The current issues with tourism are significantly more to do with "influencers" and social media. Many places are overrun by people that are just there to get their photos and have zero interest in engaging with the culture or treating locals with respect.

Its shocking how different some places have gotten due to "influencers". Last year I was in Kuala Lumpur for a few days and took the person I was with to a bunch of the places I had visited when I was there a decade ago. It struck me when walking around a couple places that there are photos I took during my first trip that would simply be impossible to get today because of the number of people in the way.

2 comments

> Last year I was in Kuala Lumpur for a few days and took the person I was with to a bunch of the places I had visited when I was there a decade ago.

Usually explained by a different time of week/year/month. If you stay in a place for a while you get a sense of patterns. Often there's waves of tourists depending on neighboring country holidays and if you're a local you learn to avoid popular landmarks during those times.

> TV shows are known to regularly kill businesses that don't know how to manage the increase in customers

You make it sound like that's the problem and not increasing rent.

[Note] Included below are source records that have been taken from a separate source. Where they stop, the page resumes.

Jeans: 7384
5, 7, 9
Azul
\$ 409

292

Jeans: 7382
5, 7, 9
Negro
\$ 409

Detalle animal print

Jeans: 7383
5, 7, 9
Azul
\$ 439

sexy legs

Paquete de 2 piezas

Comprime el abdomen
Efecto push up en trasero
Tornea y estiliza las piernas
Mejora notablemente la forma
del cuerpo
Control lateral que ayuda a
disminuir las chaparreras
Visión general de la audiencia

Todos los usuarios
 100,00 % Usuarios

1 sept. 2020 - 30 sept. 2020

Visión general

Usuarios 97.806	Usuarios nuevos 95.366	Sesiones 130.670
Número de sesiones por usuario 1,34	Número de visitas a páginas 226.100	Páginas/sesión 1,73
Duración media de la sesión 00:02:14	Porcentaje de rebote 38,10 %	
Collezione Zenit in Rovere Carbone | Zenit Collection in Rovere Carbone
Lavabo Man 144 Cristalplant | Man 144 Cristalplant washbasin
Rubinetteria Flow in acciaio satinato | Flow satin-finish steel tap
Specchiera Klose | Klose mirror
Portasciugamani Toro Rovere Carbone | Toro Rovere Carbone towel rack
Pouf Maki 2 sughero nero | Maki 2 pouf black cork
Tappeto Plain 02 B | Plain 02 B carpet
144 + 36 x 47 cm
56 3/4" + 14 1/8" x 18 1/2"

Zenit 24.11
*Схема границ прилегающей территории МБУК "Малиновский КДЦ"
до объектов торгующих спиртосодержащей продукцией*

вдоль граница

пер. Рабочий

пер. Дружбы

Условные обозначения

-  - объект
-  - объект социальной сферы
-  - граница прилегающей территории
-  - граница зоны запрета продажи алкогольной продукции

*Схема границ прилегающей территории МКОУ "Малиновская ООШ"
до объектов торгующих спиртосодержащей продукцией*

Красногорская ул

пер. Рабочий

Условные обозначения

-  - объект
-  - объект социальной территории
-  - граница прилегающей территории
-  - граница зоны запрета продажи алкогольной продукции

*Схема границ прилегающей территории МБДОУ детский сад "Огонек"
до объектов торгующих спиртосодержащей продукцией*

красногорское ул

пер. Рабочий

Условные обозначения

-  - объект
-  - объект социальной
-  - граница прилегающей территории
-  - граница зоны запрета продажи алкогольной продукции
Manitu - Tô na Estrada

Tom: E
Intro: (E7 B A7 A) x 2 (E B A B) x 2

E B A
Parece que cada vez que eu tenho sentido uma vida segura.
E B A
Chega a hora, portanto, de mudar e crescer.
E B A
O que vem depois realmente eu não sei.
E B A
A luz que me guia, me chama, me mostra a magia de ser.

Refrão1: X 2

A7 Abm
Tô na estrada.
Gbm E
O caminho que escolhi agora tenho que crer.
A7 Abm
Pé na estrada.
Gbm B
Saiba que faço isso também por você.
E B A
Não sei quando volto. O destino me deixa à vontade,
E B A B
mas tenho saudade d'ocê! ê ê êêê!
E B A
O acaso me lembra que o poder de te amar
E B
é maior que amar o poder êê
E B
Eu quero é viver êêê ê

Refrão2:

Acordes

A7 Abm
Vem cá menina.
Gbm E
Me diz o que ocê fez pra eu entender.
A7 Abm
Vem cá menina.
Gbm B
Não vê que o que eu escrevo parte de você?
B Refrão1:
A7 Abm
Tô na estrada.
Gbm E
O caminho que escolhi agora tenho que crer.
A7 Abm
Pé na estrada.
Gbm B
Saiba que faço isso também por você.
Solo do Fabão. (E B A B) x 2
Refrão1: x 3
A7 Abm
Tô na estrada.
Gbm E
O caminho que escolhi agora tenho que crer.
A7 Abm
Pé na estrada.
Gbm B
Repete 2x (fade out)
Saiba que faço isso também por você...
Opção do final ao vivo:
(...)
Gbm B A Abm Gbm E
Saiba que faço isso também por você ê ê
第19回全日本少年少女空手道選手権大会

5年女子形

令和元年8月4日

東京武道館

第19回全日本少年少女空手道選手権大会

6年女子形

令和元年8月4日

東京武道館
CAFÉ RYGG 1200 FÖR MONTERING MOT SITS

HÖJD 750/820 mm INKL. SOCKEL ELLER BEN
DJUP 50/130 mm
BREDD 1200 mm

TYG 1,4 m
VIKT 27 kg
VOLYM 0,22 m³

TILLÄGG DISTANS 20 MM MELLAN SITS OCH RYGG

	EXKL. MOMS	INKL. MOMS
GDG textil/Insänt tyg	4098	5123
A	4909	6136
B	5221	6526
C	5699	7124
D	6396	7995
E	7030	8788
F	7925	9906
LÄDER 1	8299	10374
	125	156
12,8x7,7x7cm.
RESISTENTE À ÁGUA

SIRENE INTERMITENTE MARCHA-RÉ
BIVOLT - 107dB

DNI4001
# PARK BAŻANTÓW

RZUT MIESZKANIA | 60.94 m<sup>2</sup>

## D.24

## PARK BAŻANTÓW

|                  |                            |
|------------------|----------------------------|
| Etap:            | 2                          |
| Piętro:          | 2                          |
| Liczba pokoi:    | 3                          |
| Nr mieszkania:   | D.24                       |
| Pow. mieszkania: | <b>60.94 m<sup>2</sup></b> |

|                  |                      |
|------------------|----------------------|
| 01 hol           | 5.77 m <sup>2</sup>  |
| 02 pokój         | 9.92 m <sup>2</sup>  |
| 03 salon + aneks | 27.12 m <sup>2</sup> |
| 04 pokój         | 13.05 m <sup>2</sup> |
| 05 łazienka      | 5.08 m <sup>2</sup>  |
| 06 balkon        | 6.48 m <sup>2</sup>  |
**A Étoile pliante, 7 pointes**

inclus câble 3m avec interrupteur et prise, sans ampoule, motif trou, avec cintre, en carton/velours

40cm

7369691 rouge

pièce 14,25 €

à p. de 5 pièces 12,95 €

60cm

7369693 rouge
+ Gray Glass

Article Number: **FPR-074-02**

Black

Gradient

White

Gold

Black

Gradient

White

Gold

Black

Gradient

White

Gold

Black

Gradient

If one day your place looks much more profitable everyone involved will try to get a piece.

>Usually explained by a different time of week/year/month

I hadn't thought about that and checked the dates of the photos I took on both trips. Coincidentally apparently I was there within a week of exactly 10 years apart!

Many big holidays don't coincide every year on the same date in Gregorian calendar, and in a few places I lived such that central landmarks can be absolutely flooded on particular days of week because it's a tourist destination or for religious observances.

Not to say you're wrong, maybe there's more tourists, but from experience it can be misleading.

Ah yes all those other people who want to take photos ruining your chance to take photos...
Tourism is a huge benefit for many places and brings lots of money into their economy. But at the same time over-tourism can significantly harm locals and the environment.

My photo example is just a example anecdote that proved a point, being a major city having a very localized area get busier is pretty inconsequential, but if its a lake view somewhere it definitely draws a risk of irreparably damaging the environment.

Whenever someone complains about tourists ask them what they are going to do for their summer holiday.